The demolition of the New Haven Coliseum in New Haven, Connecticut

Large buildings, tall chimneys, smokestacks, bridges, and increasingly some smaller structures may be destroyed by building implosion using explosives. Imploding a structure is very fast—the collapse itself only takes seconds—and an expert can ensure that the structure falls into its own footprint, so as not to damage neighboring structures. This is essential for tall structures in dense urban areas.

Any error can be disastrous, however, and some demolitions have failed, severely damaging neighboring structures. One significant danger is from flying debris, which, when improperly prepared for, can kill onlookers.

Another dangerous scenario is the partial failure of an attempted implosion. When a building fails to collapse completely the structure may be unstable, tilting at a dangerous angle, and filled with un-detonated but still primed explosives, making it difficult for workers to approach safely.

A third danger comes from air overpressure that occurs during the implosion. If the sky is clear, the shock wave, a wave of energy and sound, travels upwards and disperses, but if cloud coverage is low, the shock wave can travel outwards, breaking windows or causing other damage to surrounding buildings.

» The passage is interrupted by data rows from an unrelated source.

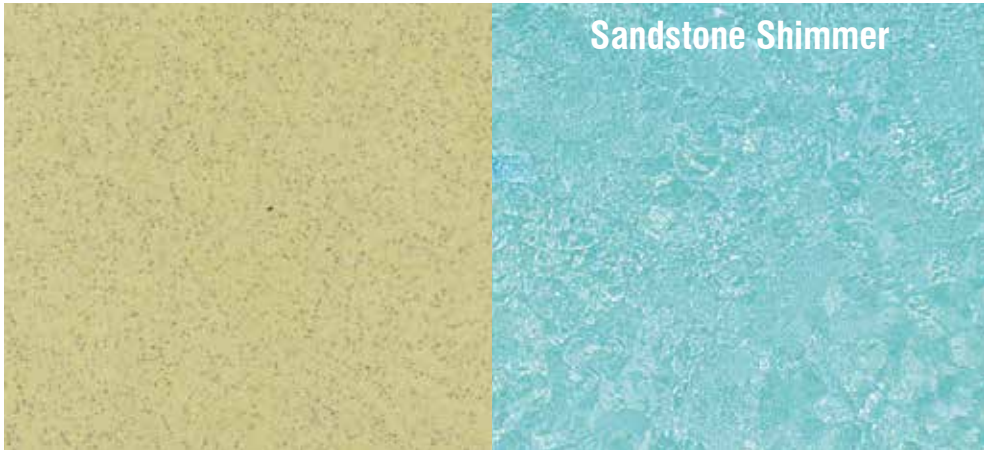

Actual colours may vary compared to final product.

Royal Blue Shimmer

Royal Ocean Shimmer

Indigo Shimmer

Pacific Shimmer

barrier reef pools.com

WORLD CLASS POOLS MANUFACTURED BY WORLD LEADERS

Controlled implosion, being spectacular, is the method that the general public often thinks of when discussing demolition; however, it can be dangerous and is only used as a last resort when other methods are impractical or too costly. The destruction of large buildings has become increasingly common as the massive housing projects of the 1960s and 1970s are being leveled around the world. At 439 ft and 2200000 sqft, the J. L. Hudson Department Store and Addition is the tallest steel framed building and largest single structure ever imploded.

=== Preparation ===

It takes several weeks or months to prepare a building for implosion. All items of value, such as copper wiring, are stripped from a building. Some materials must be removed, such as glass that can form deadly projectiles, and insulation that can scatter over a wide area. Non-load bearing partitions and drywall are removed. Selected columns on floors where explosives will be set are drilled and high explosives such as nitroglycerin, TNT, RDX, or C4 are placed in the holes. Smaller columns and walls are wrapped in detonating cord. The goal is to use as little explosive as possible so that the structure will fail in a progressive collapse, and therefore only a few floors are rigged with explosives, so that it is safer due to fewer explosives, and costs less. The areas with explosives are covered in thick geotextile fabric and fencing to absorb flying debris. Far more time-consuming than the demolition itself is the clean-up of the site, as the debris is loaded into trucks and hauled away.

== Deconstruction ==

An alternative approach to demolition is the deconstruction of a building with the goal of minimizing the amount of materials going to landfills. This "green" approach is applied by removing the materials by type material and segregating them for reuse or recycling. With proper planning this approach has resulted in landfill diversion rates that exceed 90% of an entire building and its contents in some cases. It also vastly reduces the CO_{2} emissions of the removing of a building in comparison to demolition.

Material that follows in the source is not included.